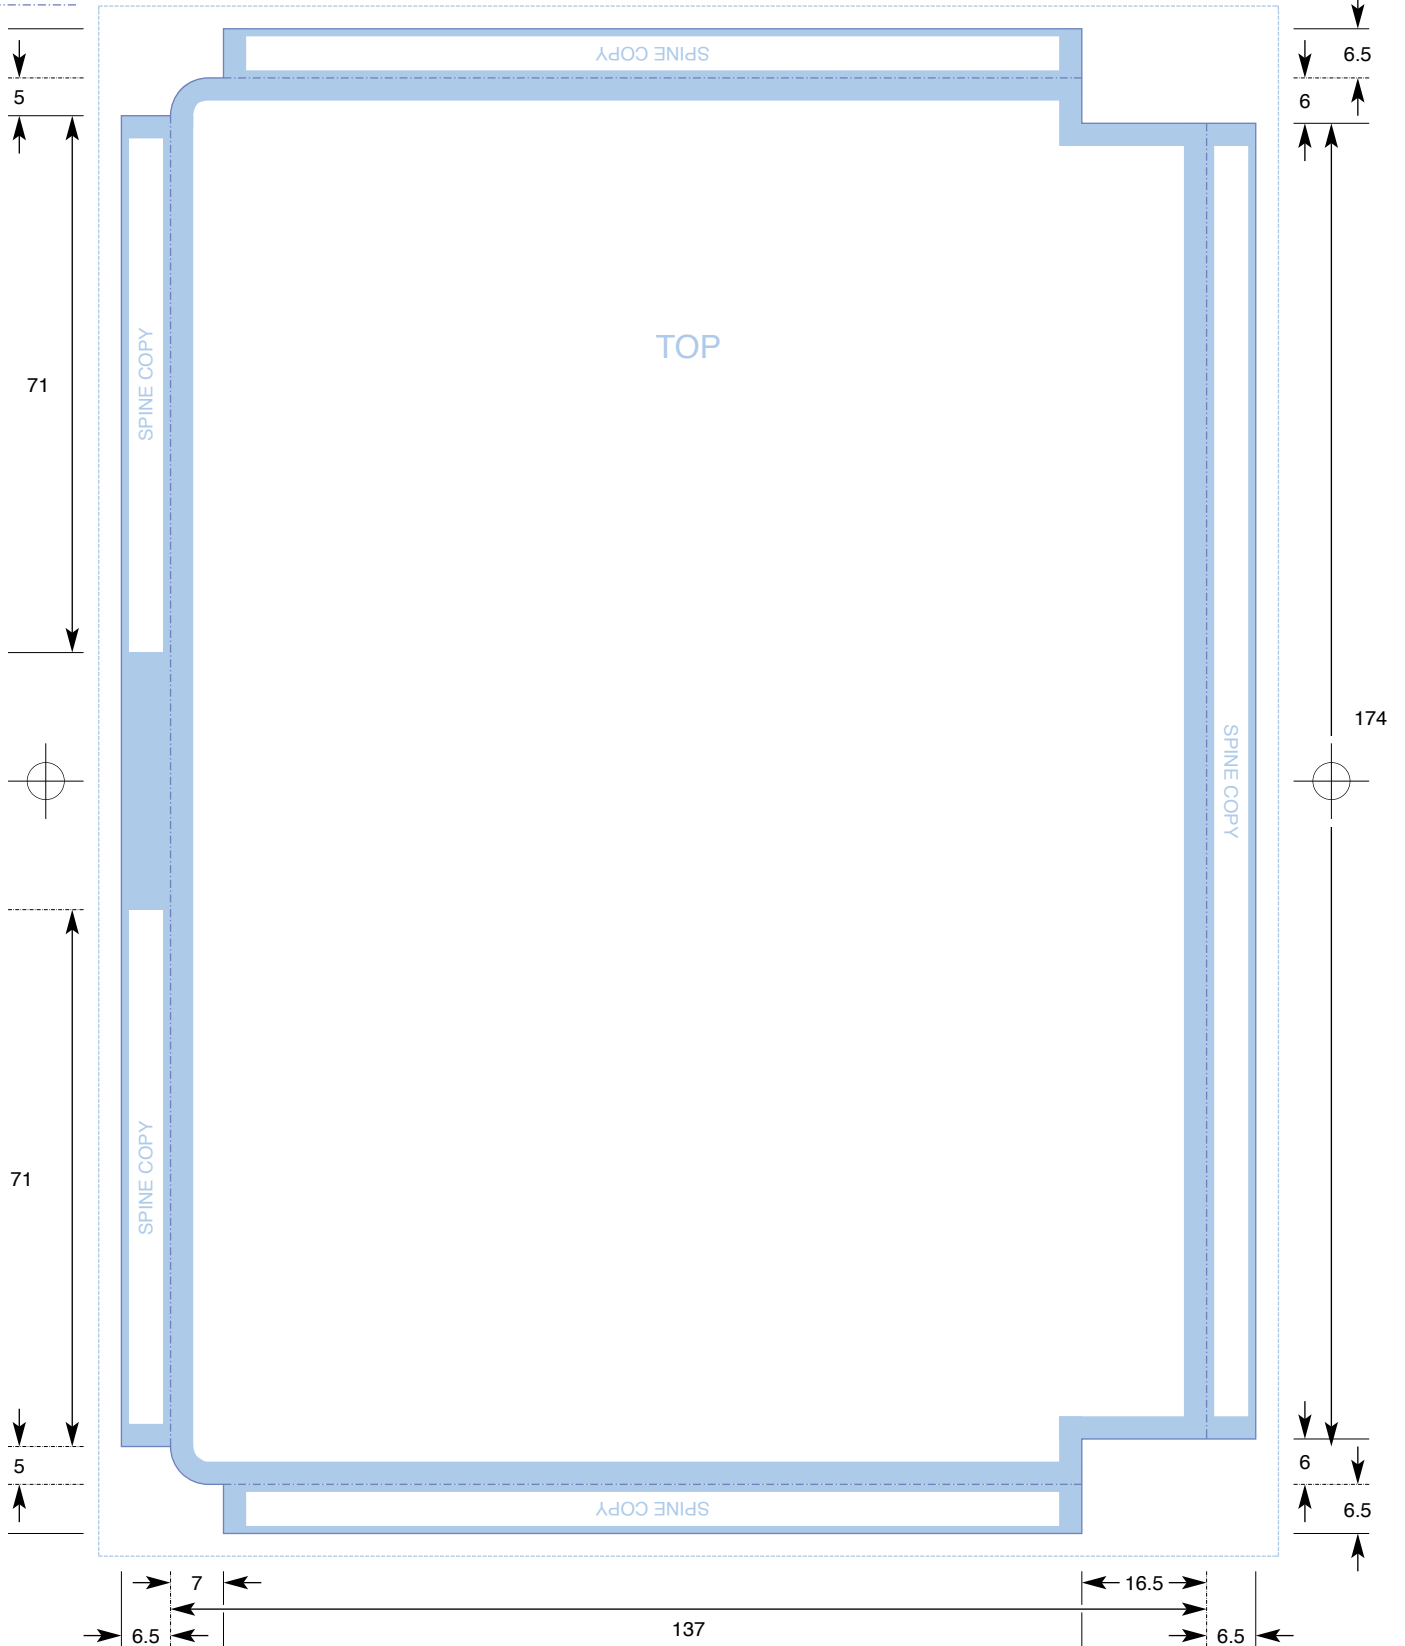

Key:
 No text area
 Bleed
 Trim
 Fold

CTP Template: DVD_INL3
DVD Super Jewel Box Bottom Inlay

Customer
 Catalogue No.
 Job Title

COLOURS
 CYAN
 MAGENTA
 YELLOW
 BLACK

PLEASE NOTE THIS TEMPLATE HAS BEEN CREATED USING SPECIFIC CO-ORDINATES REQUIRED FOR COMPUTER TO PLATE IMAGING AND IS NOT TO BE ALTERED, MOVED OR THE DOCUMENT SIZE CHANGED. ALL DIMENSIONS ARE IN MILLIMETRES. BLEED ALLOWANCE OF 3MM ON TRIMMED EDGES
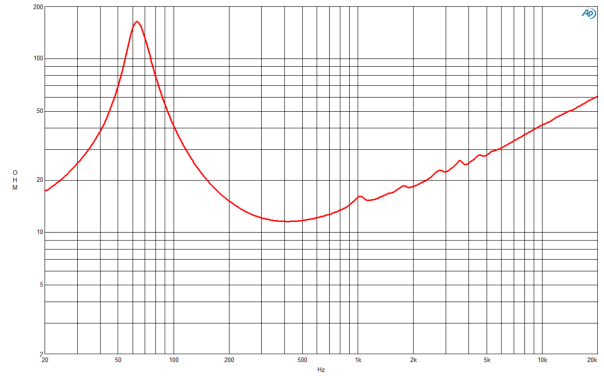

8MDN51

LF Drivers- 8.0 Inches

SPECIFICATIONS

Nominal Diameter	200 mm (8.0 in)
Nominal Impedance	16 Ω
Minimum Impedance	11.6 Ω
Nominal Power Handling¹	200 W
Continuous power handling²	400 W
Sensitivity (1W/1m)³	97.0 dB
Frequency Range	70 - 4000 Hz
Voice Coil Diameter	51 mm (2.0 in)
Winding Material	Aluminium
Former Material	Kapton
Winding Depth	16.0 mm (0.65 in)
Magnetic Gap Depth	8.0 mm (0.31 in)
Flux Density	1.45 T

DESIGN

Surround Shape	Double Roll
Cone Shape	Exponential
Magnet Material	Neodymium Ring
Spider	Single
Pole Design	T-Pole
Woofer Cone Treatment	WP Waterproof Front Side

PARAMETERS⁴

Resonance Frequency	68 Hz
Re	10.0 Ω
Qes	0.29
Qms	5.2
Qts	0.27
Vas	17.5 dm³ (0.62 ft³)
Sd	220.0 cm² (34.1 in²)
η_0	1.5 %
Xmax	$\pm$ 6.0 mm
Xvar	$\pm$ 6.0 mm
Mms	22.0 g
Bl	17.8 Txm
Le	1.25 mH
EBP	234 Hz

MOUNTING AND SHIPPING INFO

Overall Diameter	225 mm (8.8 in)
Bolt Circle Diameter	210 mm (8.3 in)
Baffle Cutout Diameter	187.0 mm (7.4 in)
Depth	95 mm (3.74 in)
Flange and Gasket Thickness	11 mm (0.4 in)
Air Volume Occupied by Driver	1.1 dm³ (0.04 ft³)
Net Weight	2.55 kg (5.6 lb)
Shipping Units	1
Shipping Weight	3.0 kg (6.61 lb)
Shipping Box	255x255x150 mm (10.04x10.04x5.91 in)

SERVICE KIT

Recone kit	RCK008MDN5116

1. 2 hours test made with continuous pink noise signal within the range Fs-10Fs. Power calculated on rated minimum impedance. Loudspeaker in free air.
2. Power on Continuous Program is defined as 3 dB greater than the Nominal rating.
3. Applied RMS Voltage is set to 2.83 V for 8 ohms Nominal Impedance.
4. Thiele-Small parameters are measured after a high level 20 Hz sine wave preconditioning test.

B&C Speakers s.p.a.

Via Poggiomoro, 1 - Loc. Vallina, 50012 Bagno a Ripoli (FI) - ITALY - Tel. +39 055 65721 - Fax +39 055 6572312 - mail@bcspeakers.com

══════════════════════════════

### Work order
Looking through the data above, copy out each line in which the string "test" occurs.

### Exercise result
1. 2 hours test made with continuous pink noise signal within the range Fs-10Fs. Power calculated on rated minimum impedance. Loudspeaker in free air.
4. Thiele-Small parameters are measured after a high level 20 Hz sine wave preconditioning test.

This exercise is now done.